Friday, February 10, 2006

Opening Ceremony of the Turin, Italy Winter Olympics

Tonight we watched the opening ceremony of the 2006 Winter Olympics in Turin, Italy. We're in the same time zone as Turin, so we won't need to be awake in the middle of the night to watch live events during the next two weeks.

Events like the Winter and Summer Olympic Games and the World Cup Football (Soccer for Americans) and Rugby remind me of what a global village we live in today. Every 4 years, athletes from different nations around the world gather for these events. In theory, these competitions are to help draw the nations of the world together, rather than to divide them in a spirit of tribalism. Of course, it doesn't always work out this way, as the hooliganism during soccer matches demonstrates.

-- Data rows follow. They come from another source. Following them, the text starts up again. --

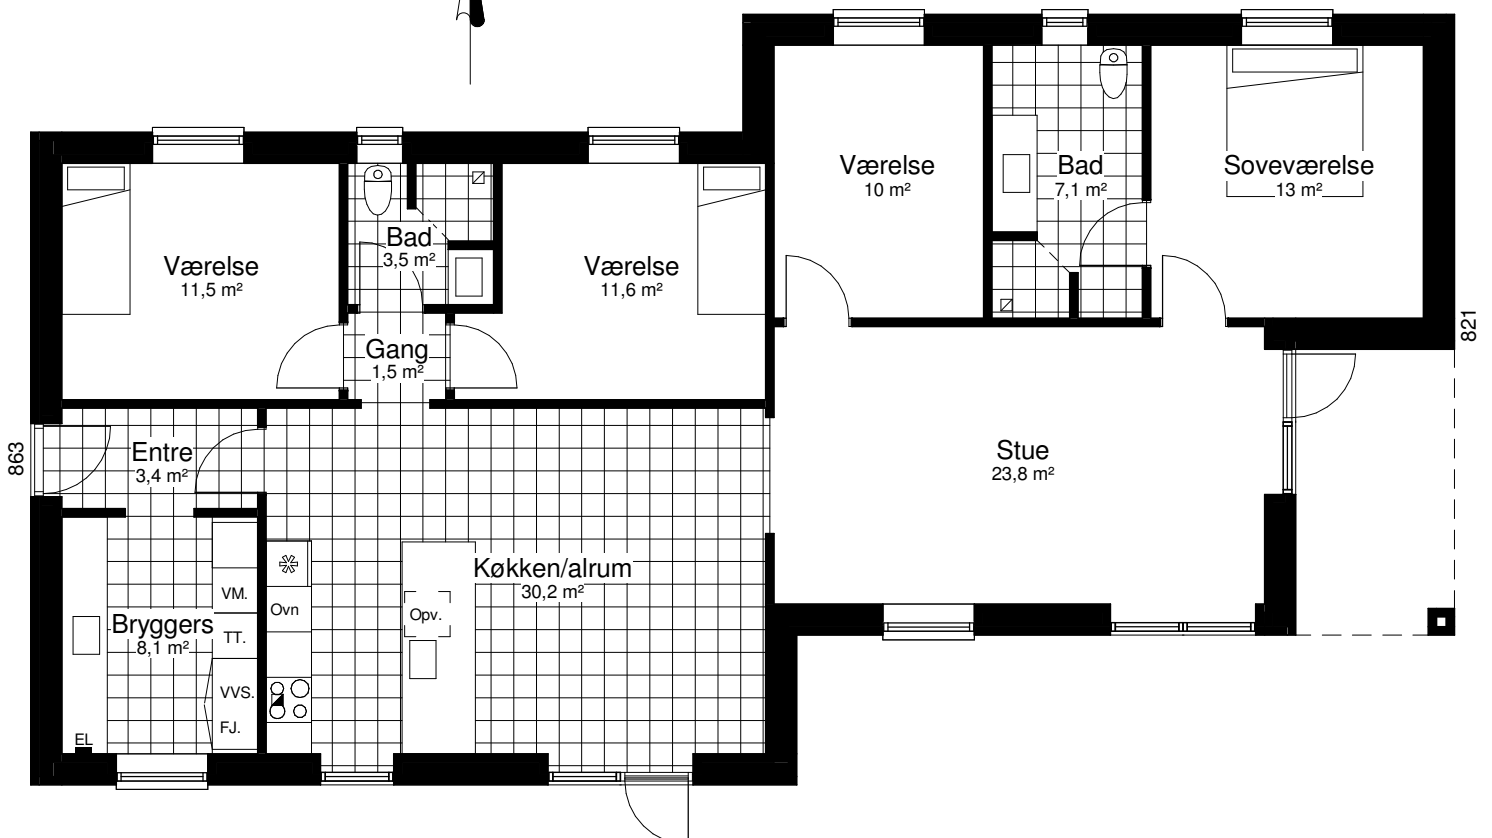

# Solitaire 152 E

Mod Sydøst

Mod Nordvest

Nord

1883

Grundplan 152 m<sup>2</sup>  
Overdækket 8 m<sup>2</sup>  
Tegningen er ikke målfast

Preben Jørgensen Huse A/S  
Gammelmarksvej 27, 7100 Vejle  
Telefon 75805171

We're blessed to be in both living and vocational settings where we rub shoulders with people representing many nations of the world. Our church, l'Eglise Réformée be Belleville, with its vision statement to be "a house of prayer for all the nations," draws people from approximately 40 different countries. La Fonderie, a ministry to artists, draws creative people originally from France, Senegal, Colombia, Peru, Belgium, Great Britain, Germany, New Zealand, USA, etc. In our son's school of 60 later pre-school and kindergarten students, we know of German, Vietnamian, Portuguese, North African, Black African, Balkanese, etc.

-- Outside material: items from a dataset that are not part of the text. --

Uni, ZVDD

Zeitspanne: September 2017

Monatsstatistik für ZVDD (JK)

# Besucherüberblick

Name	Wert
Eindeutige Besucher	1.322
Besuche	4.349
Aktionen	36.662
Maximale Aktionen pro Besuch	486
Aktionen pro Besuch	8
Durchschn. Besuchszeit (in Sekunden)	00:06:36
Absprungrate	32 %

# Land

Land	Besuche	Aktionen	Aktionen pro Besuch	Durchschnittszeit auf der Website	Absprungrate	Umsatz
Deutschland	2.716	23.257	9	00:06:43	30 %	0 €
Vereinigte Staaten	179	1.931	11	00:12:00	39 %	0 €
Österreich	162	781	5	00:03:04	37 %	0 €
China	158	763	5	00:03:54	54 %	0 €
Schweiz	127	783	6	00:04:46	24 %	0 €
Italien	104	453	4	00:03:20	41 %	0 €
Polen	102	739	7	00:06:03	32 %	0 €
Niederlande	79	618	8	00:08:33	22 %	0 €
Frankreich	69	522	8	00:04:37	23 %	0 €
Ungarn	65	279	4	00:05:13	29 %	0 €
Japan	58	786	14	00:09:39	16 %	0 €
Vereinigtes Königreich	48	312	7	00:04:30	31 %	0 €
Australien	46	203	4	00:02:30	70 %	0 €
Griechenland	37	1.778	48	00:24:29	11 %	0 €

Our across the hall neighbors are from Algeria. They practice Islam, including Ramadan. Despite the differences in our religions, we get along very well. For a couple of summers when they were away, they passed us the keys to their apartment and I watered their plants. When my wife is cooking and suddenly realizes that she is missing an incredient, she goes to their place and asks. Several nights ago, the batteries on their TV controls died and they asked us for some batteries, which we gave them. Two days ago, they gave a gift of baby clothes for our newborn. Tonight they brought over a chicken dish native to Algeria that they had made.

Visit from the neighbors


Have some cake


I don't think that some of my fellow Christians understand that we live in a multicultural and pluralistic world that is increasingly post-Christian and post-Christendom in most places. Some church historians point out that this era is similar in many ways to the conditions of the first century A.D. The early church was in the minority, with no political power. But that is when the church grew its fastest. This gives me lots of hope for this season of ministry.

Sadly, racism, tribalism, and religious wars rear their ugly heads in the church as well. I'm both angered and saddened by some racist comments that I've heard from those claiming to be Christians about Blacks, Arabs, Jews, Latinos, Asians, etc. These certainly don't make Christianity very appetizing or compelling. Ironically, the early Christians of the 1st century, who tried in community to model the words and works of Jesus, were very compelling, without having the political power to make it advantageous to join the church. If the church today had the same love and acceptance that Jesus had for the Samaritans, the lepers, the children, the women, the tax collectors, and other groups that had little value or respect in the eyes of that society, then it would also increase numerically and influentially.